Researchers at the University of Illinois Chicago have designed a high-quality assay that can be used in at-home tests for rapid COVID-19 screening. Results from an early preclinical study suggest that tests with the new assay may be just as reliable as the laboratory-based molecular tests, PCR tests, used by hospitals for clinical diagnostics.
“Having fast and easy-to-use tests for COVID-19 is critical, especially in the communities that have low rates of vaccination and low access to healthcare services, including COVID-19 surveillance and diagnostic testing,” said Xiaowei Wang, UIC professor of pharmacology and bioengineering. “The current crisis has created an unprecedented need for rapid tests that are highly sensitive and the sooner we can develop better technology and testing options, the better it will be for everyone.”
Assay reagents create a chemical reaction when mixed with a biological sample containing a virus or other marker. For example, an at-home pregnancy test consists of assay reagents that react to pregnancy hormones in a urine sample.

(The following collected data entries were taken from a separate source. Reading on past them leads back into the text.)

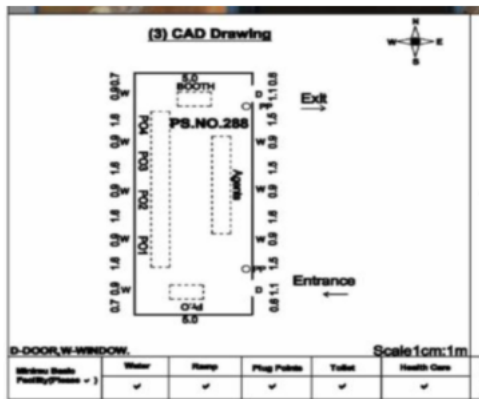

Google Map View

Polling Station Building Front View

Polling Station Front View

Cad View

Key MAP View

சட்டமன்றத் தொகுதியின் எண் மற்றும் பெயர் : 1-கும்மிடிபூண்டி பிரிவு எண் மற்றும் பெயர் 1-அம்மம்பாக்கம் (ஊ), கீழ்தெரு அம்மம்பாக்கம் (வார்டு-1)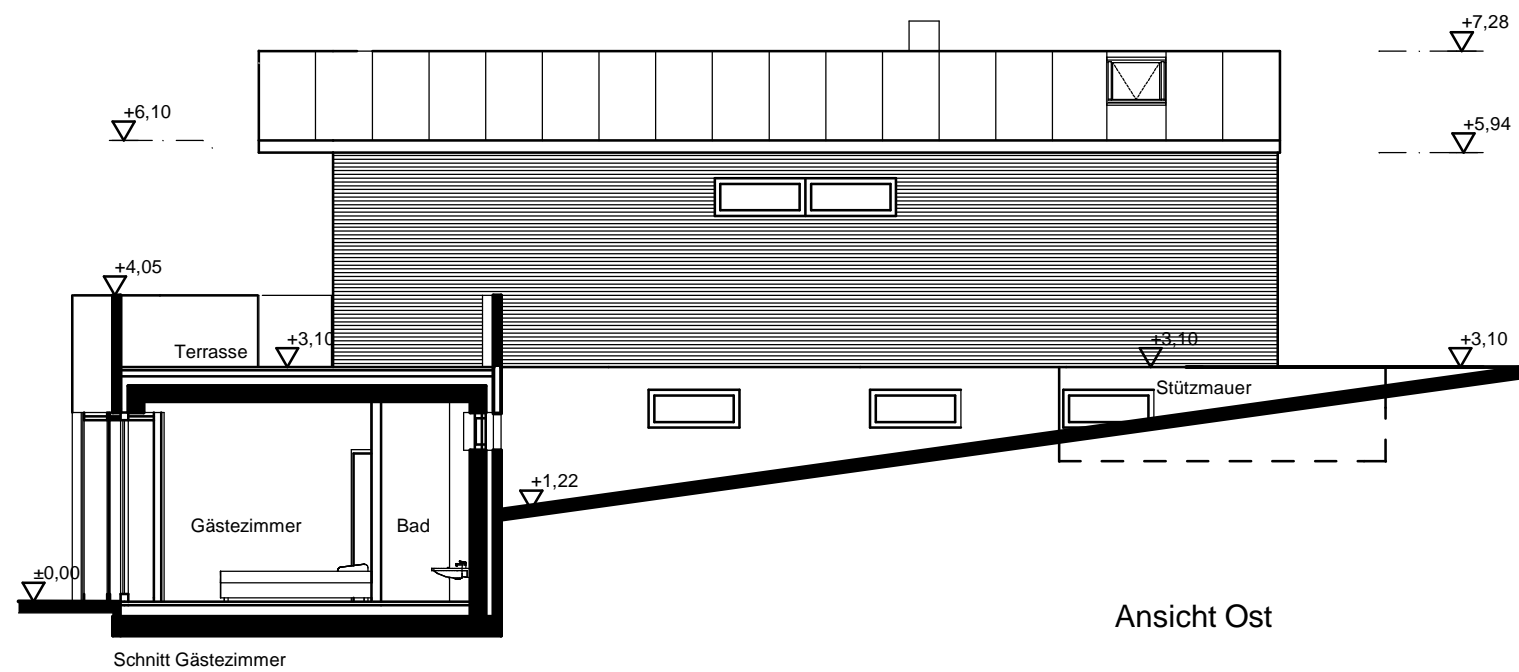

Ansicht Nord

Ansicht Ost

**Objekt**

Haus am See  
Am Caputher See 18  
14548 Caputh

**Bauherr**

Michael Hillmer  
Leuschnerdamm 41  
10999 Berlin

**Planbezeichnung**

Ansichten N + O  
Schnitt Gästezimmer  
M. 1:100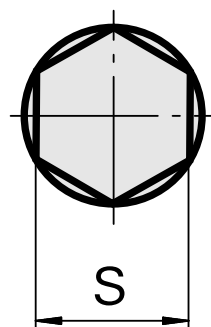

Perno di brocciatura SW4 mm

Caratteristiche tecniche

Categoria acces. portautensile	Perno di brocciatura
Attacco	SW4 mm
Attacco per utensile	8mm

Documenti

Non sono disponibili download per questo prodotto

In laboratory molecular tests, scientists mix samples with assay reagents in a highly controlled process. Because the reaction conditions (like temperature) are tightly controlled, the tests are both sensitive and selective, meaning the chance of false positives or false negatives is very low. However, these laboratory tests can be expensive and are not accessible in all communities and field settings.
The challenge with at-home and field tests is that they need assay reagents to work under less controlled conditions, which increases the chances for false results or inconclusive tests. One method, called loop-mediated isothermal amplification (LAMP), which uses six DNA primers for pathogen detection, has shown promise for other pathogens, like malaria, but has not been efficiently applied to COVID-19.

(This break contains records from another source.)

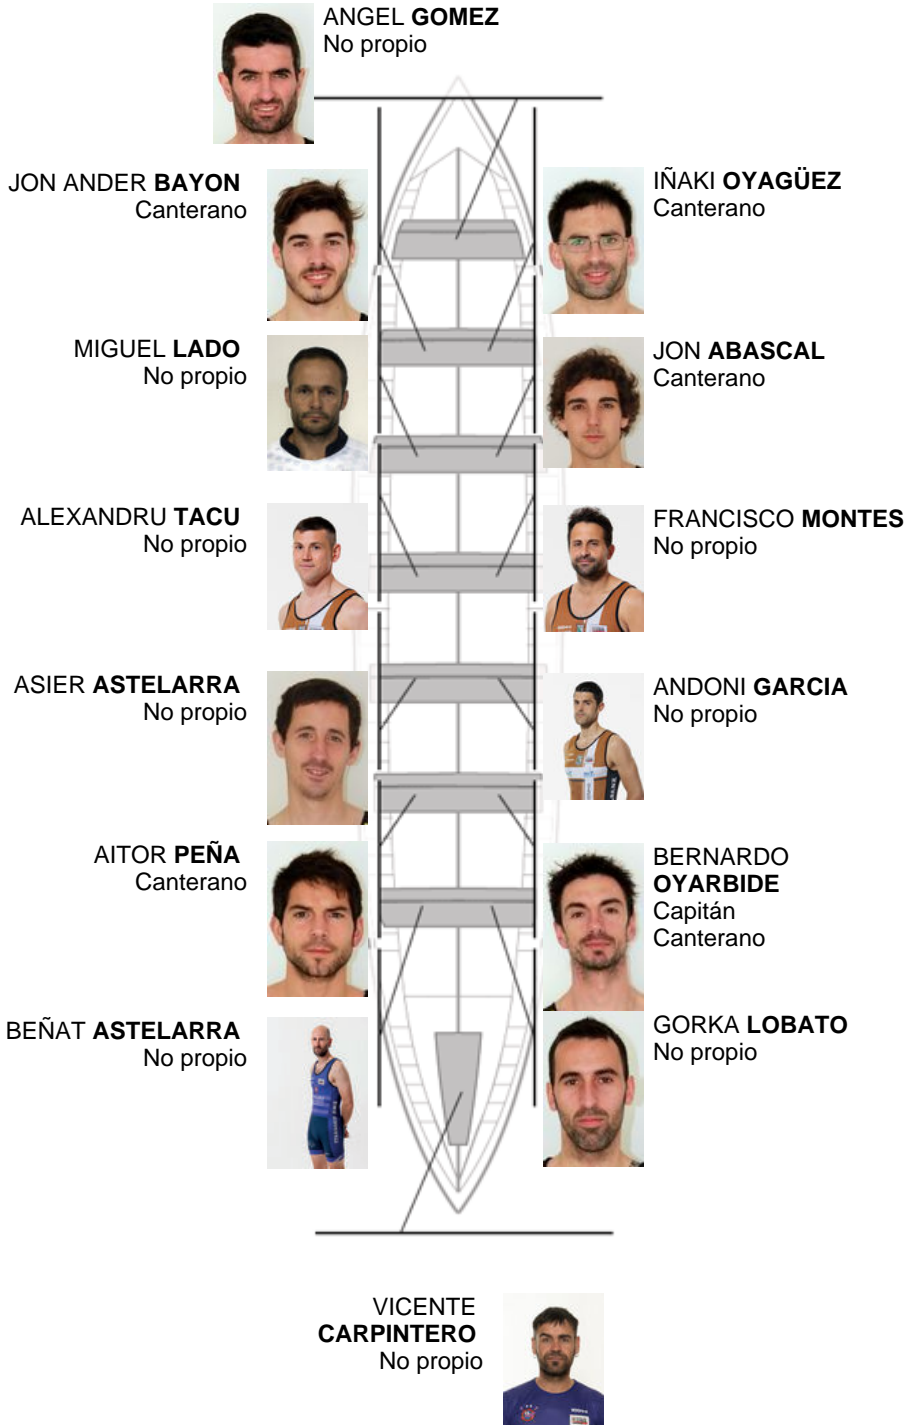

	Club	Tempo	A favor	%	Puntos
10	PORTUGALETE EULEN	20:23,16	00:30.96	102.59%	3

Adestrador
**ÁNGEL
 GÓMEZ**

Delegado
**KARLOS
 GANDÓY**

Firma e sello

Suplentes

Remeiro
~~JON ANDER BAYON~~
~~FRANCISCO MONTES~~
ANUARBE
~~FRANCISCO MONTES~~
 No propio

Wang and the UIC researchers who developed the new COVID-19 assay first created and applied a bioinformatics algorithm to identify the best potential DNA primer combinations for reliably detecting SARS-CoV-2, the virus that causes COVID-19, with the LAMP method.
In experiments, Wang and his collaborators processed artificial samples and human samples with a standard PCR test and with their new test. When the results were compared, the researchers not only saw significant improvement in the efficiency of their test over others using the LAMP method to detect the virus but also that it was comparable to more expensive gold standard PCR tests.